Hi webmasters,
I'm rewriting my framework and CMS now using PHP. I will use a flat-file-database system just like I did on my previous framework (using Perl), why? I will explain this later, for now let's stick to the question.
As with any other system, the "data-base" (here, a flat file system designed by me), will experience certain concentration of traffic on certain files that may grow to about 5mb, or 10mb, and perhaps on a data intensive system about 20mb. Most of it will be "reading", but part of it will involve writing. I want to pick the best strategic and safest method to do this regarding speed + safety writing to the file (reading is usually not a problem).
Option #1. file_get_contents
It is said to be the best method to read files using PHP, however, diverse documentation says it's memory intensive and it will load the whole file at once. Some other documentation says you can specify offset, and the whole thing may work better than expected, because PHP may use special mapping techniques if the current OS supports them. The problem is, I don't like the idea of loading the whole file at once (imagine 20 mb having lots of requests per second), and... I don't like not knowing what sort of OS mods are in place, as the system may go from server A to server B. I value independence... a lot, making the system as flexible and neutral as possible.
Option #2. fopen() // fread() <-- this is what I'm using right now
It's my personal choice at the moment and it works pretty well during my tests. This option allows me fine control over opening for reading only, or writing, and it seems safest, even the append option comes handy, but I have to load the entire file in memory. There is a limit to how far I can go optimizing my data structure, then, I'm on the realm of the command limitations or effects of large amounts of data. I can even load just the beginning of a file, but I see no options to load the middle or end (or progressively).

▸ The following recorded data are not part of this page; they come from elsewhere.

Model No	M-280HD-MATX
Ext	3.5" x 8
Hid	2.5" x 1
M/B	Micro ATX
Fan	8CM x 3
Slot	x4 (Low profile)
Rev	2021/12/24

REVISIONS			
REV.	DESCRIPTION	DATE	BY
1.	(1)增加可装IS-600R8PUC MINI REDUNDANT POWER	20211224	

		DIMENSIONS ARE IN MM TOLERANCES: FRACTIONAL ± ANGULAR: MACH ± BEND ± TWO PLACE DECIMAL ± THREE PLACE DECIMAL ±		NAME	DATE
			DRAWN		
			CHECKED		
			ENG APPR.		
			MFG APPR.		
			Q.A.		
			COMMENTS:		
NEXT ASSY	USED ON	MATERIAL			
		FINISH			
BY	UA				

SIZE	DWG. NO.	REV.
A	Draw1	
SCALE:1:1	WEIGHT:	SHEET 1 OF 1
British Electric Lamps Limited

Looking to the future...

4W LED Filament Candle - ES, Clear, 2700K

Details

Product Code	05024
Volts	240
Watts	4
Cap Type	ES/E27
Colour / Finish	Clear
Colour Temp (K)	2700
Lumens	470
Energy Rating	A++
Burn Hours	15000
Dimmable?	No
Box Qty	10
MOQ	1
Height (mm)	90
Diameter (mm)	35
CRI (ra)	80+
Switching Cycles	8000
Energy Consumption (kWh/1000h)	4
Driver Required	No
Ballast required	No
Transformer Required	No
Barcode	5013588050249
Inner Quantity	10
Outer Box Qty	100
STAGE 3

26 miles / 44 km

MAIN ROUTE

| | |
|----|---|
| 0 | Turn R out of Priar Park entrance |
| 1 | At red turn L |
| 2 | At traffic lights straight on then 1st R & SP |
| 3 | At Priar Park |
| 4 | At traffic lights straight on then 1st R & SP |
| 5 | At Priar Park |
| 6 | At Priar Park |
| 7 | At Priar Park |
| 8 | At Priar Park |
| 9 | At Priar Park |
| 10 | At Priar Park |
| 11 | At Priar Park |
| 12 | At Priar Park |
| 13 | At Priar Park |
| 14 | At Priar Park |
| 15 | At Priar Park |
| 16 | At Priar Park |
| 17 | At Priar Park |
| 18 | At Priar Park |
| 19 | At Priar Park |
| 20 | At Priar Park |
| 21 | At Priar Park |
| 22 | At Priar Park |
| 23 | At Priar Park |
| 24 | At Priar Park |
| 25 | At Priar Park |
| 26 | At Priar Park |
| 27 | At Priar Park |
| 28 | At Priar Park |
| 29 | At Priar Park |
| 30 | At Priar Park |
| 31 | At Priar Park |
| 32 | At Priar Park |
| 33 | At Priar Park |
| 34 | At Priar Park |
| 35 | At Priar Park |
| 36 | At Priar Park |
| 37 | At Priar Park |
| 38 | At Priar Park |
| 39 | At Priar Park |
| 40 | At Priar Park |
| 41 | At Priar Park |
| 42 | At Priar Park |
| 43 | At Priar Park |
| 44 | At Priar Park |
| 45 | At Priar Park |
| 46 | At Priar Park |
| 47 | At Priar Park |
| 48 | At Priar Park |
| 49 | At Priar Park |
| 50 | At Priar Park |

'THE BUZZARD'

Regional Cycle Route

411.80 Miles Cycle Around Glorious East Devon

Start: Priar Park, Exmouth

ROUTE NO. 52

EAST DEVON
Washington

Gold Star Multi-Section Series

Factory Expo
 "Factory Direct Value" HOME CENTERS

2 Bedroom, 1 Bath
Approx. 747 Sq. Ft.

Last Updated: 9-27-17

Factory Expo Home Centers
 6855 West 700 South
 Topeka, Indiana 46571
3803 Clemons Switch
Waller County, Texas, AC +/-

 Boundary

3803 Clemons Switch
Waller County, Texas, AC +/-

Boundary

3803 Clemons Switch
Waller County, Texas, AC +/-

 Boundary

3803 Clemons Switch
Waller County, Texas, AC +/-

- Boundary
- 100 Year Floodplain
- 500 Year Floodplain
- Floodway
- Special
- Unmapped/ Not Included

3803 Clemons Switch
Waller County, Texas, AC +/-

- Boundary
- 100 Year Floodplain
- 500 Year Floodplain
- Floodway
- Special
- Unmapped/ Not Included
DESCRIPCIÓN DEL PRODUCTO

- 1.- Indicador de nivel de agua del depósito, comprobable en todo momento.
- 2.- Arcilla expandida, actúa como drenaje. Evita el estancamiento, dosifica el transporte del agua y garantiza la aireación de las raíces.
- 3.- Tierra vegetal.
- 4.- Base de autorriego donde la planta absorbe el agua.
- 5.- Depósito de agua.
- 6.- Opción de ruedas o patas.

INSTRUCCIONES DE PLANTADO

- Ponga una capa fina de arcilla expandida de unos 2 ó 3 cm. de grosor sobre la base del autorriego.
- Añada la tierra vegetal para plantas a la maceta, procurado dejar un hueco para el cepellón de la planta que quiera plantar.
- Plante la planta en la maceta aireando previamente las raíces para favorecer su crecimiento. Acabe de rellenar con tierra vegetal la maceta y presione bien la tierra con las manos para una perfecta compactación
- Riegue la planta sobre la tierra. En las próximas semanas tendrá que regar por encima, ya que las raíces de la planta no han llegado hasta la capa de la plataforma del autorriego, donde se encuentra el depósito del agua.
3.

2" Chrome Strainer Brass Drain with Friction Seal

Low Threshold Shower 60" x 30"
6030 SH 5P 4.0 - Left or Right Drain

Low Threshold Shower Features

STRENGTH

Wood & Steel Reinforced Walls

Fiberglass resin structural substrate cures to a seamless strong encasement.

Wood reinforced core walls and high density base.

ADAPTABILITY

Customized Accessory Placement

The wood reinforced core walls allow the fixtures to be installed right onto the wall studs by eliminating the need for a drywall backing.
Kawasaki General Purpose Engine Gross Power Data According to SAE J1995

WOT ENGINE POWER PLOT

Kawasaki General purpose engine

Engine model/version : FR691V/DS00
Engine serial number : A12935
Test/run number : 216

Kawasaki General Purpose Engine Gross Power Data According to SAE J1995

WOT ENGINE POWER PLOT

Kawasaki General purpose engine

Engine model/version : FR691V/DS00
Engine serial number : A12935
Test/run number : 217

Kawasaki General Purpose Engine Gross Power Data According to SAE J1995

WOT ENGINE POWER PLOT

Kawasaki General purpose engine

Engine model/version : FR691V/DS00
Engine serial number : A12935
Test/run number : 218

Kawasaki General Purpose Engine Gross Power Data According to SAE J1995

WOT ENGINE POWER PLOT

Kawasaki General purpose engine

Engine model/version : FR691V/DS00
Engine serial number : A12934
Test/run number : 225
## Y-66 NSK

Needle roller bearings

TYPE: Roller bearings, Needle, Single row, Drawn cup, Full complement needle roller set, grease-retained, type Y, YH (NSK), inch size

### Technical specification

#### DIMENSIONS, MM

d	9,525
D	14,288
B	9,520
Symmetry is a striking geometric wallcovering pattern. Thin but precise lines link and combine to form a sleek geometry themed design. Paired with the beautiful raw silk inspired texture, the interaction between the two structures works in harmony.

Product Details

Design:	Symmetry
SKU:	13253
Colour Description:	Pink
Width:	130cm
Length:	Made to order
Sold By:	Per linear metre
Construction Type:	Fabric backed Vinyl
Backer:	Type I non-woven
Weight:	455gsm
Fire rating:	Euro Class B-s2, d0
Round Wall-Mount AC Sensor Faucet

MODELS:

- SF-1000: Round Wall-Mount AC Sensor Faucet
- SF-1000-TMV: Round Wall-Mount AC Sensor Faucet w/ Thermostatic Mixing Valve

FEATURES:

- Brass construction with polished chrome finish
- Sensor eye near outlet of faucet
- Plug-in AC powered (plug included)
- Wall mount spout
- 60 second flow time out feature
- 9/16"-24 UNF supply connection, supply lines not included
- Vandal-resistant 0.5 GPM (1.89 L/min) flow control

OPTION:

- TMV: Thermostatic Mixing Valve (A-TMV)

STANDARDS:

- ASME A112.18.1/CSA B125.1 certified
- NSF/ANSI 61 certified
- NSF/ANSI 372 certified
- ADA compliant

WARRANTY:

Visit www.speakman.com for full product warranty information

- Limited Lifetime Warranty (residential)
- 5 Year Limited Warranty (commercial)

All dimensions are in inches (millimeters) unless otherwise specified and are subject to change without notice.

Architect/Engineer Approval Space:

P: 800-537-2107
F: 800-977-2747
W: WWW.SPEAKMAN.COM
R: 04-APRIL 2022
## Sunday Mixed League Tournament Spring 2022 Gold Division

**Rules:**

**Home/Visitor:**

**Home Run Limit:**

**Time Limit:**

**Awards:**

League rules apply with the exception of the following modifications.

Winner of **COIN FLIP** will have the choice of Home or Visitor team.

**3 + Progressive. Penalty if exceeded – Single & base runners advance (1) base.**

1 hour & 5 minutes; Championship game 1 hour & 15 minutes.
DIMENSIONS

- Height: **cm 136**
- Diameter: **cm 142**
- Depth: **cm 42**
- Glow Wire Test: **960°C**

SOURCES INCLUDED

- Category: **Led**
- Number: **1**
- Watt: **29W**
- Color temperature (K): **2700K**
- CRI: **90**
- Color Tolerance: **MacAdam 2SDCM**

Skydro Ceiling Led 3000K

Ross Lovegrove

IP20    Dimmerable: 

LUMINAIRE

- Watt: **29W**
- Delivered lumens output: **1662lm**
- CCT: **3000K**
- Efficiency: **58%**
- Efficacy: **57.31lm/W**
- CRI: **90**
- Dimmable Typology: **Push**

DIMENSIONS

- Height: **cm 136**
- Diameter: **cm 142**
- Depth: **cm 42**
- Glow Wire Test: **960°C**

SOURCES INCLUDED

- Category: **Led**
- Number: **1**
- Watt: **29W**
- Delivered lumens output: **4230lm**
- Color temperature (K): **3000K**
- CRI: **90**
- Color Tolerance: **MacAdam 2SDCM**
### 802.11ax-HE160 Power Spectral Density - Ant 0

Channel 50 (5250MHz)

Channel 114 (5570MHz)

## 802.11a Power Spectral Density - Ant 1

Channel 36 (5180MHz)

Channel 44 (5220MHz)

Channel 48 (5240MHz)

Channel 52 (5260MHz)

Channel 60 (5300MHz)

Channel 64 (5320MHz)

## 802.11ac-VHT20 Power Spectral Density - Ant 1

Option #3. fgets() <-- I can read line by line (I'm looking at this as my possibly best option)
This allows me to open large files without loading them entirely on memory, and move up and down while searching that, quite handy to avoid using too much memory and keeping my scripts under safe ranges.
Option #4. SplFileObject
I'm reading I can read line by line without loading the whole file in memory, many users reports it's fast and reliable, and it uses very little resources.
- - - - - - - - - -
Why? details?
I created my previous framework and CMS (built on top of my framework) using PERL, and it's fast and reliable, it handled pretty well sites having 7,000-9,000 daily visits with recurrent page reads. The same system handled site A with 7-9K daily unique; site B with 5K daily unique; site C with 3K unique; and site D with around the same 3K daily unique; with a temporary site E with 1,500 daily unique. All of those websites were hosted on the same server and never experienced any problems.
Why flat file databases? because if well designed (along with the right code), they can be really fast, and I absolutely love how easy this allow me to just zip and move to another server without the need of any extra configurations or modifications.
But, what about collisions? I was very careful with the code to avoid any, never experienced a single one.
What about speed? damn fast, also added cache optimization.
I know the risks of flat file databases, and I avoid all I can handling data while the file is open, I open, read, process all I need, and when file writing is required, it's open again and done without wasting time.
I want to achieve this using PHP, but I'm not as experienced here as with Perl. Why not continuing with Perl? many new servers don't come with standard configurations, meaning every time my system is moved... chaos appears and I need to advice the sysadmin on what to do, they have been quite positive and helpful, but I don't want to deal with that anymore. Besides, Perl has some limitations and bugs with dates, some appear on some severs, others appear on other servers, I'm tired of that and I had to code a lot to avoid using modules, keeping such use at minimum. Many things like that are standard PHP options, I love Perl, but it's time to move on. My first Perl CMS was written around 2007, and the one I'm currently using (framework and cms) it's from 2010.
Naturally, I'm studying my options to code this new PHP framework and CMS to exceed my current needs, anticipating possible scenarios with lots of traffic.
I will appreciate your comments and corrections if any. Thanks in advance.